How to align rotated images vertically

Using Radon instead of ImageLines@EdgeDetect@. No need for thinning the lines.

i     = ImageAdjust@Import@"http://i.stack.imgur.com/rRCH5.png";
cc    = ComponentMeasurements[MaxDetect[r = Radon@i, .1], "Centroid"];
angle = -cc[[All, 2, 1]] Pi/First@ImageDimensions@r// Mean;
ImageAdjust@ImageRotate[i, angle, Background -> Black] 

Mathematica graphics

The 0.1 in MaxDetect[r = Radon@i, .1] is empirical, but I found it working very well when using Radon[ ]. Otherwise you may find FindThreshold[ ] useful for estimating an ad hoc value.

Showing the alignment:

horline[i_Image, row_] := Graphics[{Orange, Thick, 
                              Line[{{0, row}, {Last@ImageDimensions@i, row}}]}]
With[{j = ImageAdjust@ImageRotate[i, angle, Background -> Black]}, 
                      Show[j, horline[j, #] & /@ cc[[All, 2, 2]]]]

Mathematica graphics


I don't know about the generality of this method, but you seem to already have a general method. This works on the image you provided, and is adapted from the code you posted,

img = Import["http://i.stack.imgur.com/rRCH5.png"];
ImageRotate[img, -ArcTan @@ 
   Flatten@(Differences /@ 
      Transpose[
       First@ImageLines[EdgeDetect@img, 
         MaxFeatures -> 1]]), "MaxAreaCropping"]

enter image description here

Essentially you just need to find one line using ImageLines and then find the angle it makes with the horizontal, then rotate it through the reverse of that angle.

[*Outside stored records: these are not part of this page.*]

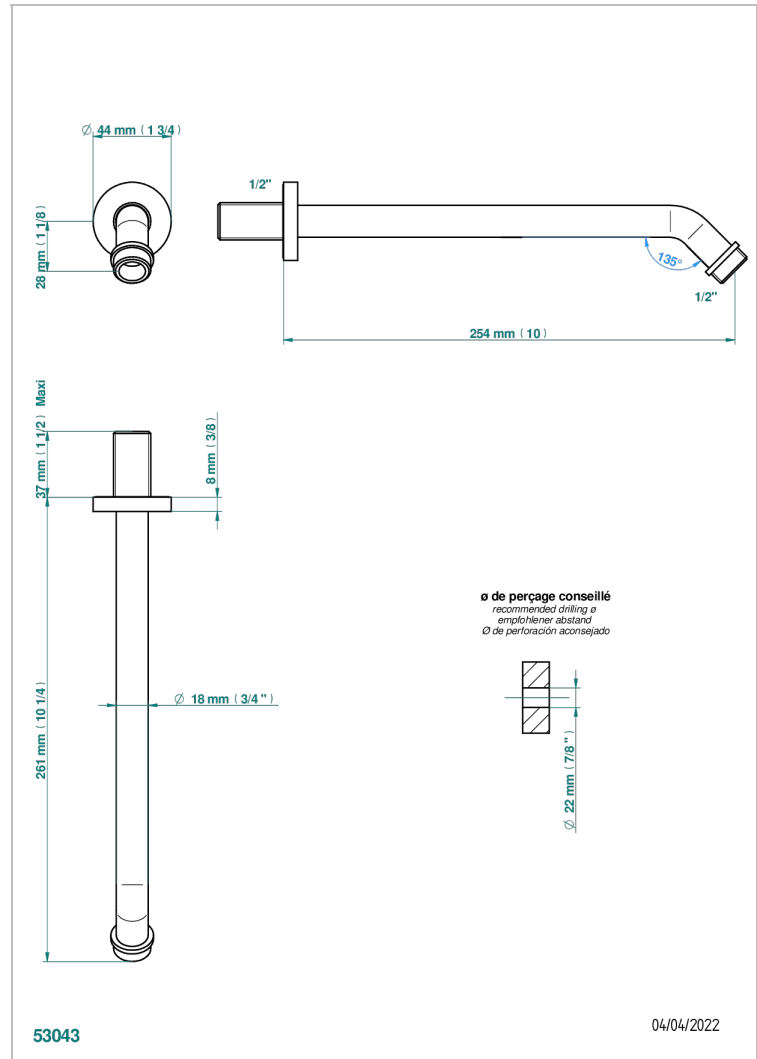

ESTRELA MIT HEBEL

U3K-84

Brausearm für Kopfbrause 1/2", Länge: 250 mm 45°

THG[®]
PARIS

EIGENSCHAFTEN

- Estrela mit Hebel
- Brausearm für Kopfbrause 1/2", Länge: 250 mm 45°

VERFÜGBARE OBERFLÄCHEN

Altnickel - H28
Blassgold - F30
Blassgold matt unlackiert - F31
Chrom - A02
Chrom matt - C02
Gold - F01
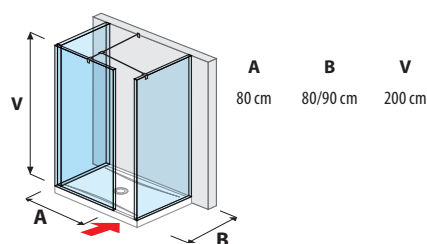

PREHĽAD / KÚPEĽŇOVÁ SÉRIA PURE /

SPRCHOVÉ STENY

sklenená stena pevná 120, 130, 140 cm

sklenená stena bočná 70, 80 cm

sklenená stena bočná 90, 100, 120, 130, 140 cm

sklenená stena „L“ 120 x 80 cm
120, 140 x 90 cm

sklenená stena vrátane krátkeho skla 70, 80 cm

sklenená stena vrátane krátkeho skla 120, 130, 140 cm

sklenené steny / walk in do rohu pre sprchovú vaničku 70, 80 x 80 cm a 70, 80 x 90 cm

sklenené steny / walk in do priestoru pre sprchovú vaničku 80 x 80 cm a 80 x 90 cm
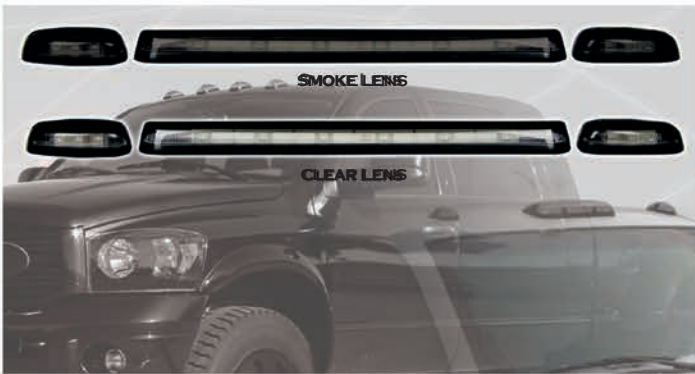

## LED Cab Roof Lights
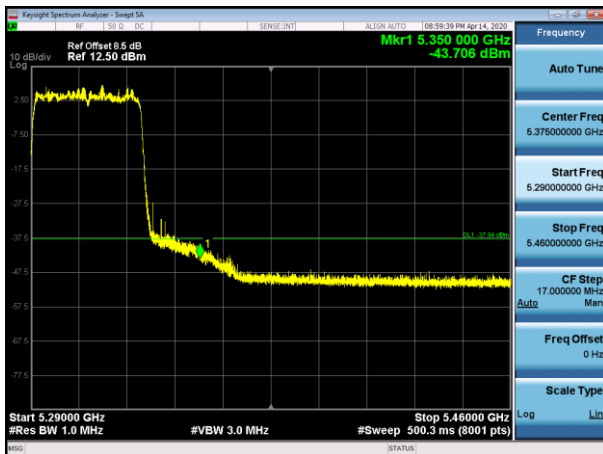

5190MHz with 4*4 CDD PK

5190MHz with 4*4 CDD AV

5230MHz with 4*4 CDD PK

5230MHz with 4*4 CDD AV

5310MHz with 4*4 CDD PK

5310MHz with 4*4 CDD AV

5510MHz with 4*4 CDD PK

5510MHz with 4*4 CDD AV

5755MHz with 4*4 CDD PK

5795MHz with 4*4 CDD PK

5190MHz with 4*4 Beamforming PK

5190MHz with 4*4 Beamforming AV

5230MHz with 4*4 Beamforming PK

5230MHz with 4*4 Beamforming AV

5310MHz with 4*4 Beamforming PK

5310MHz with 4*4 Beamforming AV

5510MHz with 4*4 Beamforming PK

5510MHz with 4*4 Beamforming AV

5755MHz with 4*4 Beamforming PK

5795MHz with 4*4 Beamforming PK

802.11ac(80MHz)

5210MHz with 4*4 CDD PK

5210MHz with 4*4 CDD AV

Another maybe interesting method strike on me with PrincipalComponents:

img = Import["http://i.stack.imgur.com/rRCH5.png"];
inipos = Position[
   ImageData@
    Image@First@Values@ComponentMeasurements[Binarize[img], "Mask"], 
   1., {2}];
mat = FindGeometricTransform[PrincipalComponents[N@inipos], 
    inipos][[2]];
ImageRotate@ImageTransformation[img, mat, PlotRange -> All]

enter image description here